• [BRIEF]
Each line of the entries that mentions the string "DODGE" needs to be reported.
------------------------------
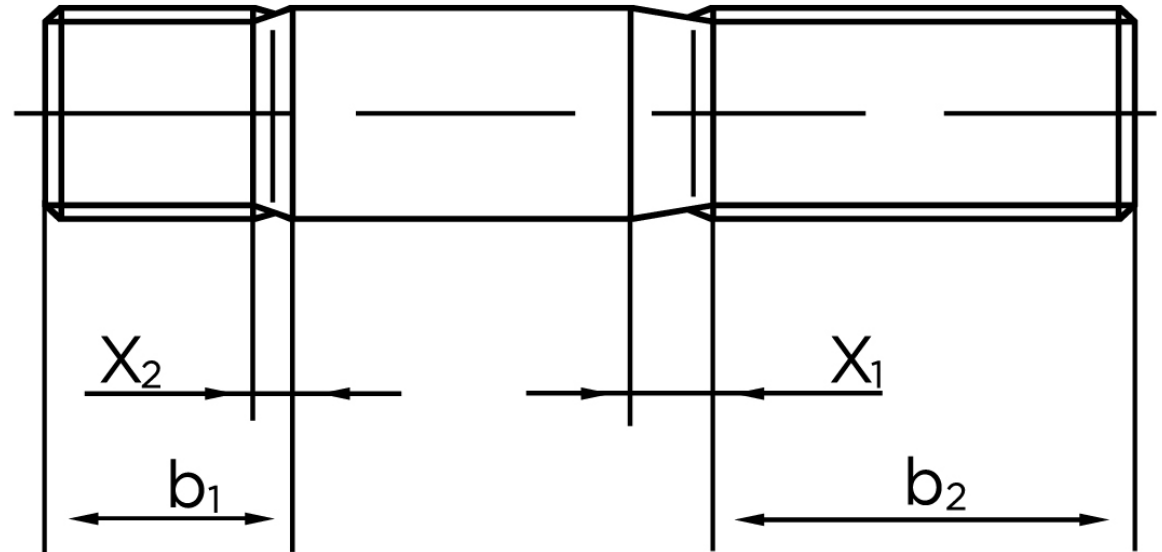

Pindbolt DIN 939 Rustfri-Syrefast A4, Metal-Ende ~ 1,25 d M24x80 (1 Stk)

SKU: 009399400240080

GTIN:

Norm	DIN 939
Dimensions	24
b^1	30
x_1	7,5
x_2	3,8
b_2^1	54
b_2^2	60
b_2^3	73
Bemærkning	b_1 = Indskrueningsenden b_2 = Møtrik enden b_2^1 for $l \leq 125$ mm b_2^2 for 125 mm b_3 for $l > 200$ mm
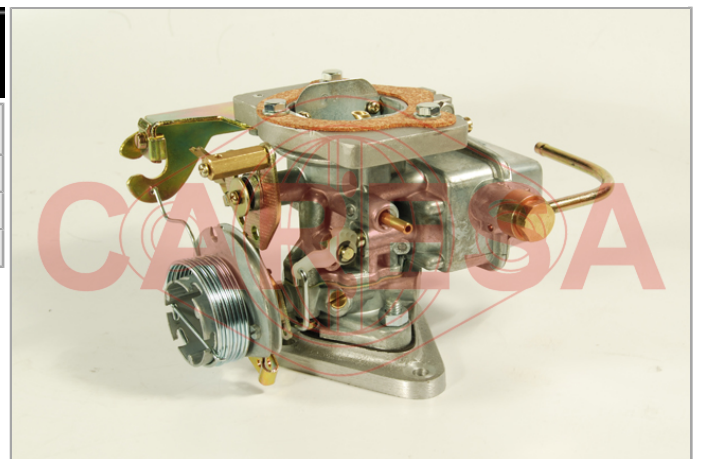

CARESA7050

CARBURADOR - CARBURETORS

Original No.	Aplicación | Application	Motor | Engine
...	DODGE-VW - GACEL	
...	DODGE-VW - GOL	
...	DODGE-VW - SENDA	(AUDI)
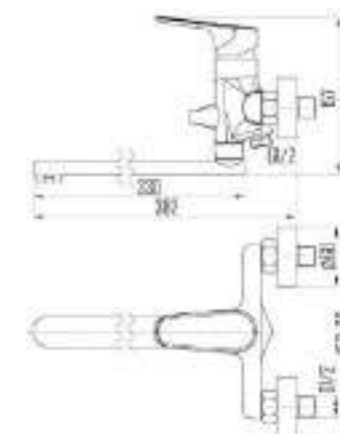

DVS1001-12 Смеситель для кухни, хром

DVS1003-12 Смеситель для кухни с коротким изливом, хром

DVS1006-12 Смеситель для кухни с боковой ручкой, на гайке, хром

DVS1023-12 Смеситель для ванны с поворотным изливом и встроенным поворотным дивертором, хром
------------------------------
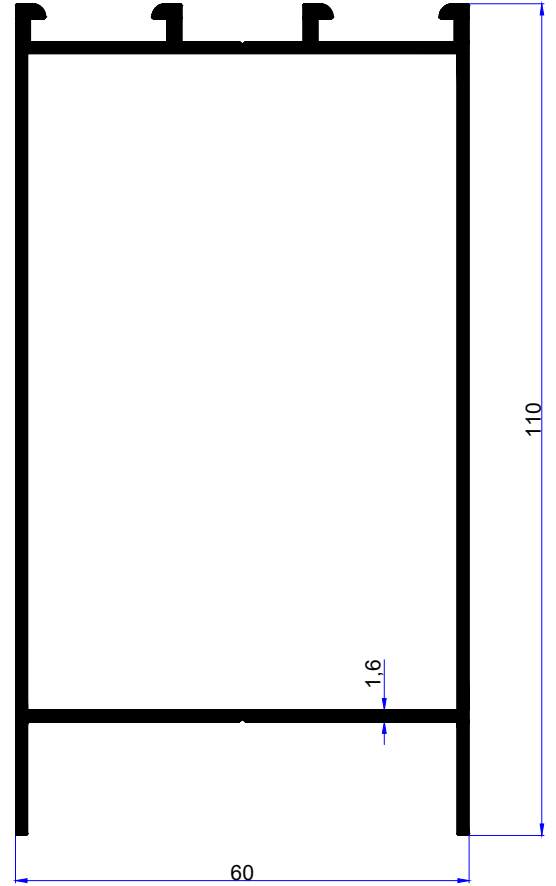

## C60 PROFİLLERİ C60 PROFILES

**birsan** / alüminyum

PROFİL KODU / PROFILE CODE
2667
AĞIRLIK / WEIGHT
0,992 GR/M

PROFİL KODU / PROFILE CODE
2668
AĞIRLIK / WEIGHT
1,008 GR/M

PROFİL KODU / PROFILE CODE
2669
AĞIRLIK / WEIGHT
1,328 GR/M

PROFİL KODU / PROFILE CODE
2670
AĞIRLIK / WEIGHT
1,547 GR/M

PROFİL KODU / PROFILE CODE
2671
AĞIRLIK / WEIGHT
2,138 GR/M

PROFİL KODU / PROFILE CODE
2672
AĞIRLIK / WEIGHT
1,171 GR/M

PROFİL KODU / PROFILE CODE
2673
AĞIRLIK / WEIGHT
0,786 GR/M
------------------------------
• [RESPONSE TO THE TASK]
...	DODGE-VW - GACEL	
...	DODGE-VW - GOL	
...	DODGE-VW - SENDA	(AUDI)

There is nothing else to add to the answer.